* _Exercise requirements_: Count up the lines of the data below that contain the string "Colonne", then give only the total.

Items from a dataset
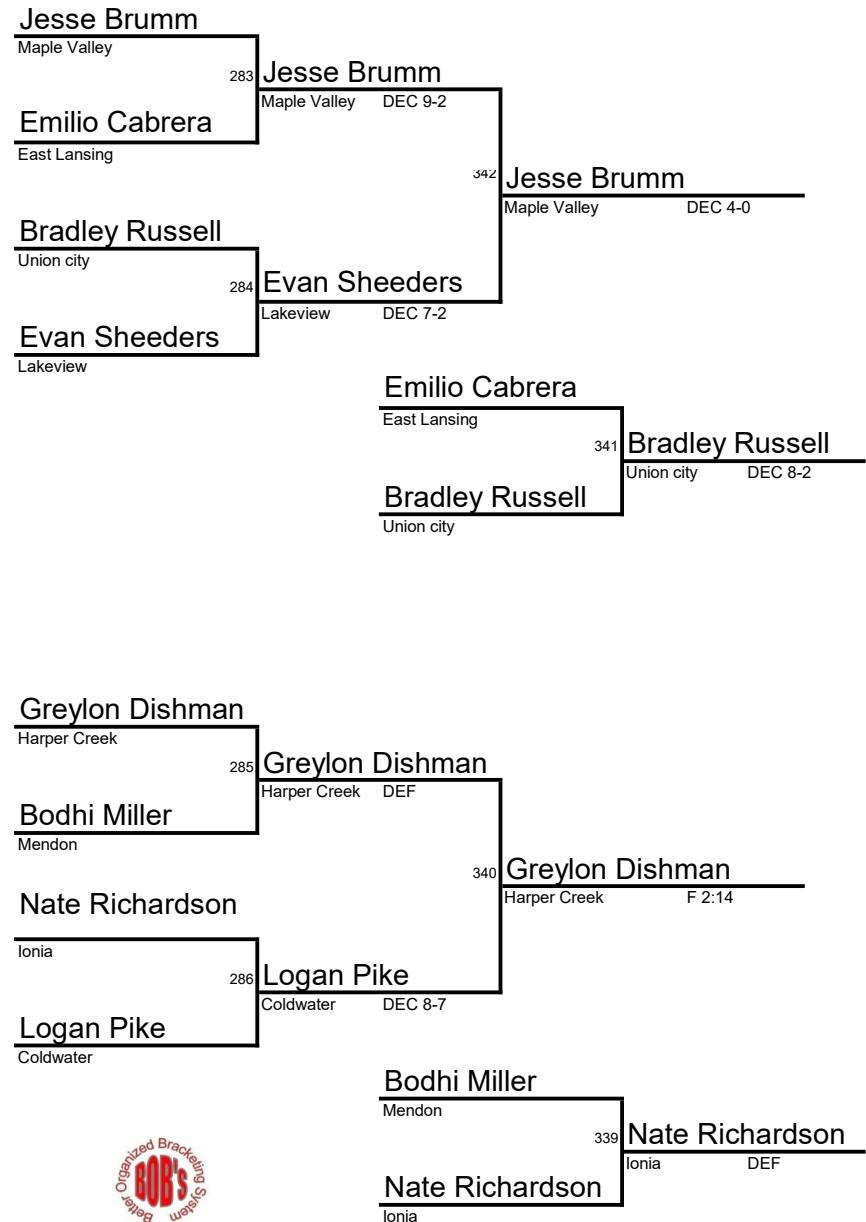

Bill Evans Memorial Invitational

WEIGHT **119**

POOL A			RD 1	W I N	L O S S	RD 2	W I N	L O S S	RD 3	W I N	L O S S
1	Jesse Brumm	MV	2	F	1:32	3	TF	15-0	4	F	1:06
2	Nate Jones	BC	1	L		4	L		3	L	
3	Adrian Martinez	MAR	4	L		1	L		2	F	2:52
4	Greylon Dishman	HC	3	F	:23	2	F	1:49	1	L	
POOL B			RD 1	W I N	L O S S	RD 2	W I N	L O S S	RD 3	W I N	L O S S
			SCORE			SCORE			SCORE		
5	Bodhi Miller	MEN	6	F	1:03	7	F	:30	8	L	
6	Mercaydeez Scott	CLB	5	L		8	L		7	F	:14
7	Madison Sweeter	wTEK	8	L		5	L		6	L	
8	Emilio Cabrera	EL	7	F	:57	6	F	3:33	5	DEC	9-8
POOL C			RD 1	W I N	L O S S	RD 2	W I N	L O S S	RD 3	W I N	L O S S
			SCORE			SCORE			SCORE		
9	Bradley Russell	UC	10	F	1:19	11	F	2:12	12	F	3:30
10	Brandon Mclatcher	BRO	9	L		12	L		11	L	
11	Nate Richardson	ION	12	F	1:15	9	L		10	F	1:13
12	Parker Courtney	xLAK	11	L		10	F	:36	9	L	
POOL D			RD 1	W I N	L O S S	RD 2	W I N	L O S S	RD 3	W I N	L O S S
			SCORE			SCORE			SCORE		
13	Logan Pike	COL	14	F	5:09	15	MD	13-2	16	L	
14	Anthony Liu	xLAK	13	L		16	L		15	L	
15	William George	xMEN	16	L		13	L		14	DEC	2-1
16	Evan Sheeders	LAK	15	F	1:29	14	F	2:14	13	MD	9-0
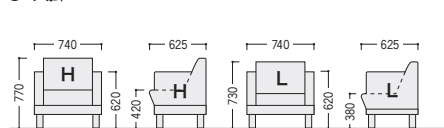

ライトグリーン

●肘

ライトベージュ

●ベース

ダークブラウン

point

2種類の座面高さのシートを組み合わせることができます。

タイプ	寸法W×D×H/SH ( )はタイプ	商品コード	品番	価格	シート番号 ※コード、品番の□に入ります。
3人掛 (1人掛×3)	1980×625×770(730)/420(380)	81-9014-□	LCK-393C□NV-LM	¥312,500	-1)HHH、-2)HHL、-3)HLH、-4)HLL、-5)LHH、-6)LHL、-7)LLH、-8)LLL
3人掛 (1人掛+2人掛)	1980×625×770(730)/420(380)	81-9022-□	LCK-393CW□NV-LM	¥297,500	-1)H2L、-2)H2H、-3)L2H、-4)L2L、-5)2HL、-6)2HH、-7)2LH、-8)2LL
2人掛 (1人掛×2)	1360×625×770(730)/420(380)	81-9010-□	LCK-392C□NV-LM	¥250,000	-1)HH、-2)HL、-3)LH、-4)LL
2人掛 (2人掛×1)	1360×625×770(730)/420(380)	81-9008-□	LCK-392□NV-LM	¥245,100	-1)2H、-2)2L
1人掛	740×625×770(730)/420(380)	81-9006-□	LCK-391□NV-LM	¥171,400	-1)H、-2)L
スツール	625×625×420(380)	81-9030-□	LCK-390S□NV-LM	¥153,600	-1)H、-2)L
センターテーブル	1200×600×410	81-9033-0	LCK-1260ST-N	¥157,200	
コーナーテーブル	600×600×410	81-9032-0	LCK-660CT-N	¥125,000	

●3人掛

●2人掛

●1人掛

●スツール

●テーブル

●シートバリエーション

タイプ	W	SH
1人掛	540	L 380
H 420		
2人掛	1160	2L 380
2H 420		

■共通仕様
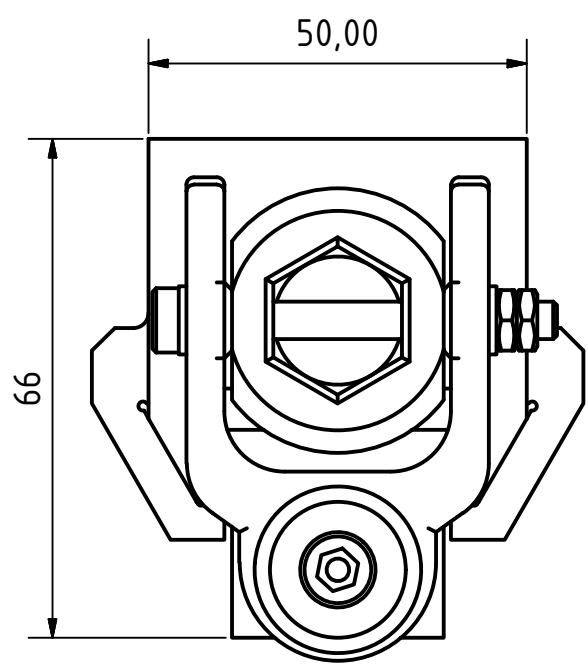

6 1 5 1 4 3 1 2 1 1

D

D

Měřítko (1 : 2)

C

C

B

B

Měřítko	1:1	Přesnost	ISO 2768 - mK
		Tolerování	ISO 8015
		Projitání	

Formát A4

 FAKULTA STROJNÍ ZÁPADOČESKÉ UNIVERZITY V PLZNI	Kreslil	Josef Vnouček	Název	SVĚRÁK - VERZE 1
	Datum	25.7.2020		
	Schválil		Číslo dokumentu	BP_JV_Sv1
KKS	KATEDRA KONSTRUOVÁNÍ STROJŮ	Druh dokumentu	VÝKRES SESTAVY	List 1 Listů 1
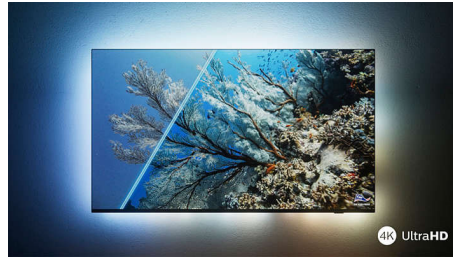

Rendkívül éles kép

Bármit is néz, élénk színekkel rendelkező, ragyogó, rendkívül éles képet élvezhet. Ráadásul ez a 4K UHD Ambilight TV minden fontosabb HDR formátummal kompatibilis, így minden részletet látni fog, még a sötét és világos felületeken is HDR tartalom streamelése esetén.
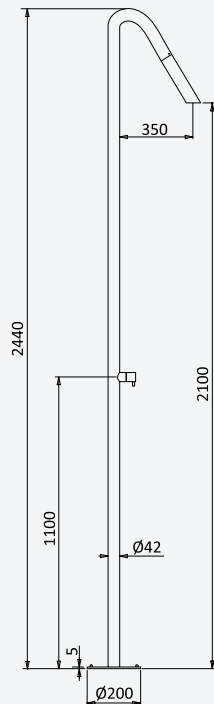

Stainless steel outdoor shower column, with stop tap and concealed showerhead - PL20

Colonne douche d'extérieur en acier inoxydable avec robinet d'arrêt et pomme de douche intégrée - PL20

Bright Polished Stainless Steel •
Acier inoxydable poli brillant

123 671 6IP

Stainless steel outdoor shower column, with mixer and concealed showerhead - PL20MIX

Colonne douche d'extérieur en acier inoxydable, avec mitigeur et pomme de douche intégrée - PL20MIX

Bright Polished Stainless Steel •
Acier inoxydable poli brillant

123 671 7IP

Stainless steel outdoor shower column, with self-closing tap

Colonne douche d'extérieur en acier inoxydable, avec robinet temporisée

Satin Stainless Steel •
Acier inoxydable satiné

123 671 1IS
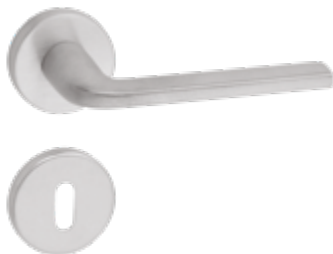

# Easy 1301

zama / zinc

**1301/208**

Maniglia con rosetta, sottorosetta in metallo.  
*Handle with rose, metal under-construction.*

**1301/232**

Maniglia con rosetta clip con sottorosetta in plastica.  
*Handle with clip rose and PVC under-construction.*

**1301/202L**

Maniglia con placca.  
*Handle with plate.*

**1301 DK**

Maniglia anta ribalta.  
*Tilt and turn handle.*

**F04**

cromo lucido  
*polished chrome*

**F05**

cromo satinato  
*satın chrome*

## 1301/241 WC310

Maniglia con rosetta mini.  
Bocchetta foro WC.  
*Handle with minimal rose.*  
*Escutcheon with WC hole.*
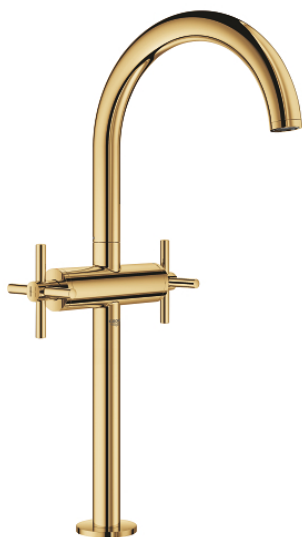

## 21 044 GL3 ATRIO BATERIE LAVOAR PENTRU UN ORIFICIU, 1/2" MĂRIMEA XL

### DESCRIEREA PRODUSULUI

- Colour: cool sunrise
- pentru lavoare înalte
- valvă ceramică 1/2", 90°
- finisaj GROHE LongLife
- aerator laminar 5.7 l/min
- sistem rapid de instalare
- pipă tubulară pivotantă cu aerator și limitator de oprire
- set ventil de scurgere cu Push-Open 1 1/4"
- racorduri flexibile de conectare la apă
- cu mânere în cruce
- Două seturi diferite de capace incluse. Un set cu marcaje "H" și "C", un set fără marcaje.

...

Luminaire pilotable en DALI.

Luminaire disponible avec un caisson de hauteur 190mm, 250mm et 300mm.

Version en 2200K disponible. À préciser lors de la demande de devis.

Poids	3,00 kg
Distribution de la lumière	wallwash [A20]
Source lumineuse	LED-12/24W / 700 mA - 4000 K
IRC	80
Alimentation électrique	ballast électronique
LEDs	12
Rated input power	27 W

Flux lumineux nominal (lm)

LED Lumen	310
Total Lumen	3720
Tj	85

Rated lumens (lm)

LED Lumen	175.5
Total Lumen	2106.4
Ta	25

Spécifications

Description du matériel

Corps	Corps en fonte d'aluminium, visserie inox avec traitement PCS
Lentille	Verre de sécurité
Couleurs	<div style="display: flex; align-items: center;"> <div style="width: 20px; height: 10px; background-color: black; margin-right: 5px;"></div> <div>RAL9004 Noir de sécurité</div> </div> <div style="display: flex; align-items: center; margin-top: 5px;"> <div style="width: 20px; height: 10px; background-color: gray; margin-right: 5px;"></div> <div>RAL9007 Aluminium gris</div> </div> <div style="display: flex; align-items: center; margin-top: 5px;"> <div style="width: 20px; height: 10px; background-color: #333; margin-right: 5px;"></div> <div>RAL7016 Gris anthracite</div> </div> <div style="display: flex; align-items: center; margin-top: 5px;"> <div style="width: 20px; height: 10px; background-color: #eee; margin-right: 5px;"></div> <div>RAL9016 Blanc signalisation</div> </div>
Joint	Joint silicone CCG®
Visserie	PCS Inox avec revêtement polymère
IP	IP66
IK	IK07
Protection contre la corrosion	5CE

---

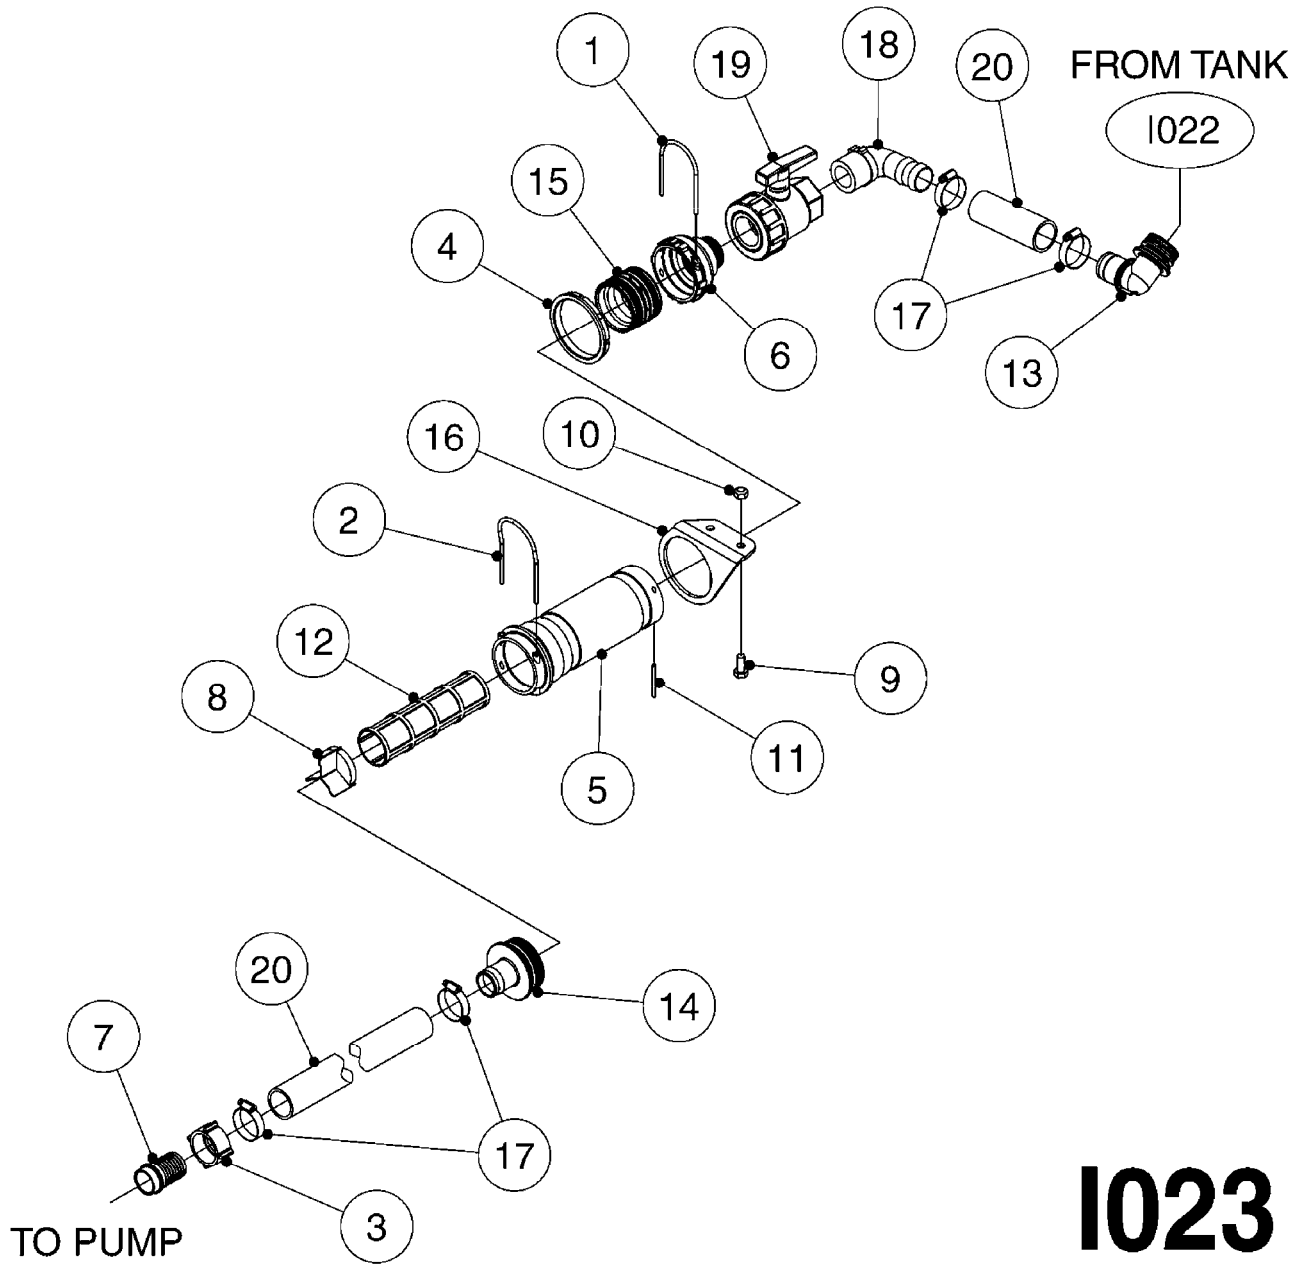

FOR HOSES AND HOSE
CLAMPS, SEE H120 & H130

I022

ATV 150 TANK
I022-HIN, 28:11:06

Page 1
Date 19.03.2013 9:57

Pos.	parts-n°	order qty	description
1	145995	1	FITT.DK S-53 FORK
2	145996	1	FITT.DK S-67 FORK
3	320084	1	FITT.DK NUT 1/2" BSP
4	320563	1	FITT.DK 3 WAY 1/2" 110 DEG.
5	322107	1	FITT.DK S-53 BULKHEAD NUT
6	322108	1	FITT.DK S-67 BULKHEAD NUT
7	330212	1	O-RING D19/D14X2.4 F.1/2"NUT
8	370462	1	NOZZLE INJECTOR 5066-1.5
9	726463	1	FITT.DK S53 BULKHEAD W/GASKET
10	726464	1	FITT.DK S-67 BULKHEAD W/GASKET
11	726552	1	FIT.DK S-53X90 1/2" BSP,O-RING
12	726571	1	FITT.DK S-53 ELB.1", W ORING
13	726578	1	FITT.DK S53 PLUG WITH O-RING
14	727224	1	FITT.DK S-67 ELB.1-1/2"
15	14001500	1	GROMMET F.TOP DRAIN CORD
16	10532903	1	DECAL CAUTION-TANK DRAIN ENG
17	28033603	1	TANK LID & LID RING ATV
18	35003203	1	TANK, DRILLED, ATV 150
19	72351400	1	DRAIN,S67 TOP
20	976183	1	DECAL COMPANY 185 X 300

* _Response_: 3